[SOURCE DATA — start]

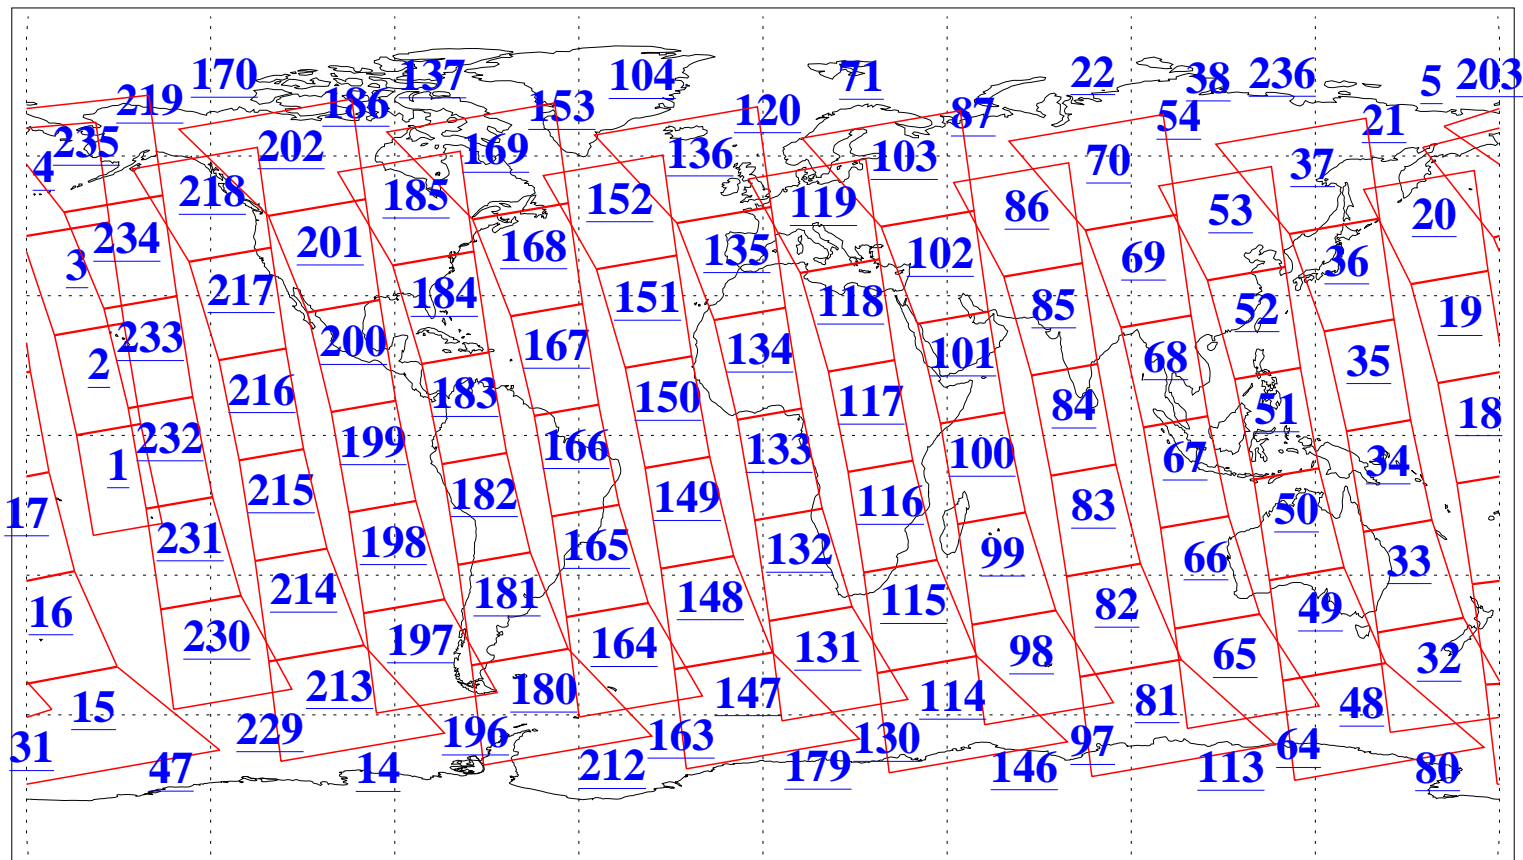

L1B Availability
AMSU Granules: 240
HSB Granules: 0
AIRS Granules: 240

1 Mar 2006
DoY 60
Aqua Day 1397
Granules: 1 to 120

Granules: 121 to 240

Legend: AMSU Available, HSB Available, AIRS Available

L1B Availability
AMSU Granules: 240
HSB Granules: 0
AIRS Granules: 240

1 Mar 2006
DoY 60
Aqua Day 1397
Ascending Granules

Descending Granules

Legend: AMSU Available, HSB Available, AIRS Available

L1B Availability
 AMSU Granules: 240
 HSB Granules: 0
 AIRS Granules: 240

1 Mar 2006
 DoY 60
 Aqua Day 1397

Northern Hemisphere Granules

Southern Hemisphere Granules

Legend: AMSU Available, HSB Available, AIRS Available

[SOURCE DATA — finish]
[SOURCE DATA — start]

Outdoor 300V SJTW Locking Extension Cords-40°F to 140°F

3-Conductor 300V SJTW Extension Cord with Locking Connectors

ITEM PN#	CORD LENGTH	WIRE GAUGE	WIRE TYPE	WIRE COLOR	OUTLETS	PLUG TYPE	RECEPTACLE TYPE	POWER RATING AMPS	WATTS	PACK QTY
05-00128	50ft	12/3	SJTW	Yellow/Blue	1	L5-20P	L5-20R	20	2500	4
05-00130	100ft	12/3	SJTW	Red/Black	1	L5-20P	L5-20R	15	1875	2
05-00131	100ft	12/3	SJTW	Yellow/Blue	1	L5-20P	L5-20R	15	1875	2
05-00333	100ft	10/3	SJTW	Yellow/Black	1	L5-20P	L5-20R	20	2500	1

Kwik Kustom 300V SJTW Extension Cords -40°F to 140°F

[SOURCE DATA — finish]

**WHAT THE TASK REQUIRES**. Using the data above, extract exactly the lines from the one that holds "Granules: 121 to 240" to the one that holds "Southern Hemisphere Granules", both ends included, and no others.

**RESULT FOR THIS TASK**.
Granules: 121 to 240

Legend: AMSU Available, HSB Available, AIRS Available

L1B Availability
AMSU Granules: 240
HSB Granules: 0
AIRS Granules: 240

1 Mar 2006
DoY 60
Aqua Day 1397
Ascending Granules

Descending Granules

Legend: AMSU Available, HSB Available, AIRS Available

L1B Availability
 AMSU Granules: 240
 HSB Granules: 0
 AIRS Granules: 240

1 Mar 2006
 DoY 60
 Aqua Day 1397

Northern Hemisphere Granules

Southern Hemisphere Granules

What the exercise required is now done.